The task ▸ Once you find the line containing "This map does" in the data below, copy it and each following line exactly, up to and including the line containing "Precincts Effective: January 15, 2022", and nothing else.

━━━ Data to examine

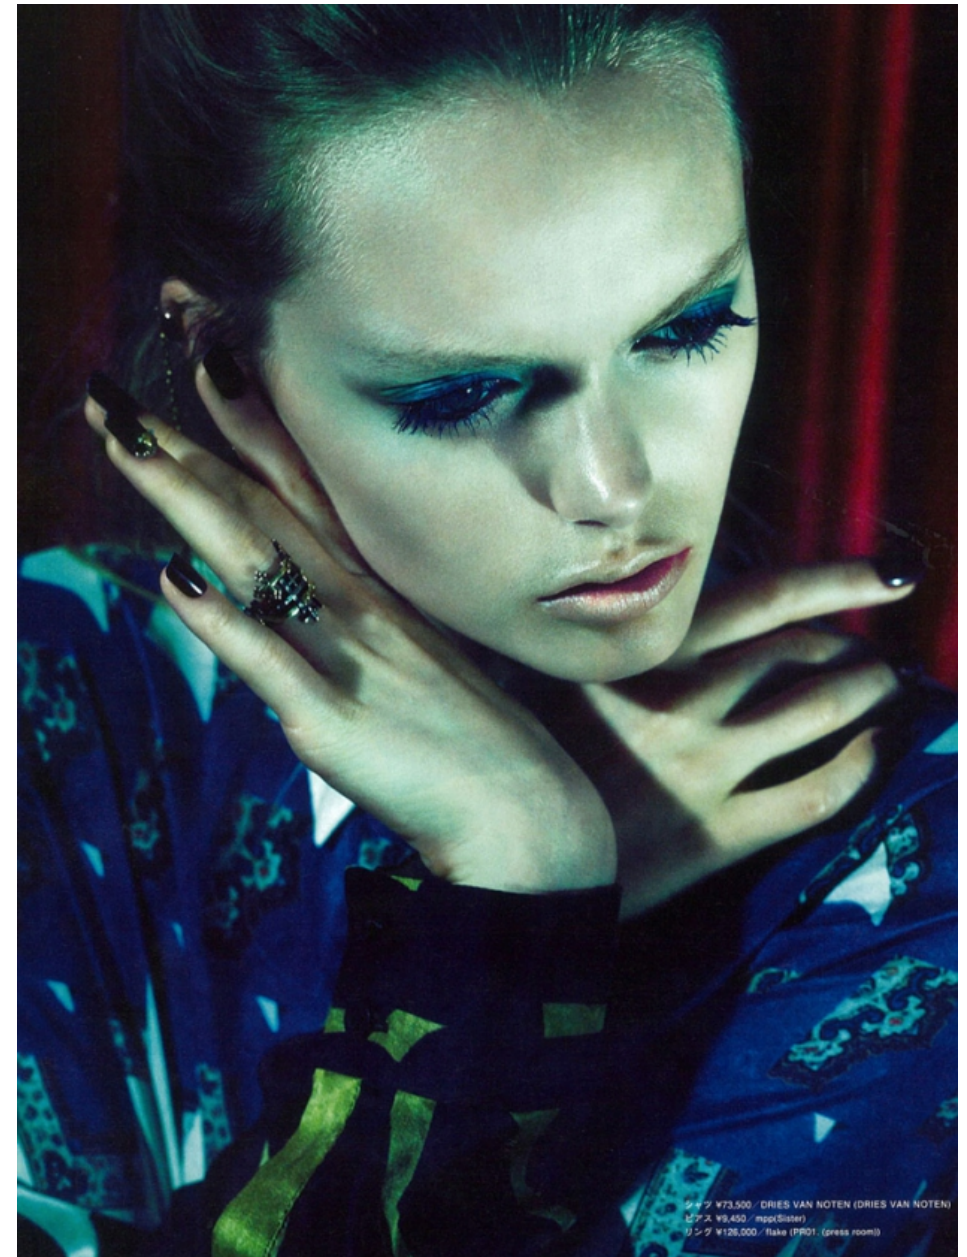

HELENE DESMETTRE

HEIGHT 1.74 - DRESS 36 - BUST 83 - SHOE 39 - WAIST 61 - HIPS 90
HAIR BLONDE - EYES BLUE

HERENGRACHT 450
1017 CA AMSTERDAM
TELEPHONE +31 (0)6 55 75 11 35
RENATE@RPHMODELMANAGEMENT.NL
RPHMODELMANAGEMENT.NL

━━━━━━
━━━ Data to examine

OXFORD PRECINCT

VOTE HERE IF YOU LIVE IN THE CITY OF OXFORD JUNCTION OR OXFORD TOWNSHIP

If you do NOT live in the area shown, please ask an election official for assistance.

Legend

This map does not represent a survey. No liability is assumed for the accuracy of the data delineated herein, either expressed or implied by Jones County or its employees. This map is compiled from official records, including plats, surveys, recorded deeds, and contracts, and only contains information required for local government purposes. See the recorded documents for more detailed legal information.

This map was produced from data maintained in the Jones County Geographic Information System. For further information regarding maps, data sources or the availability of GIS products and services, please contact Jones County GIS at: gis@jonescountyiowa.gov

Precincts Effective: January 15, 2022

━━━━━━

Task answer ▸
This map does not represent a survey. No liability is assumed for the accuracy of the data delineated herein, either expressed or implied by Jones County or its employees. This map is compiled from official records, including plats, surveys, recorded deeds, and contracts, and only contains information required for local government purposes. See the recorded documents for more detailed legal information.

This map was produced from data maintained in the Jones County Geographic Information System. For further information regarding maps, data sources or the availability of GIS products and services, please contact Jones County GIS at: gis@jonescountyiowa.gov

Precincts Effective: January 15, 2022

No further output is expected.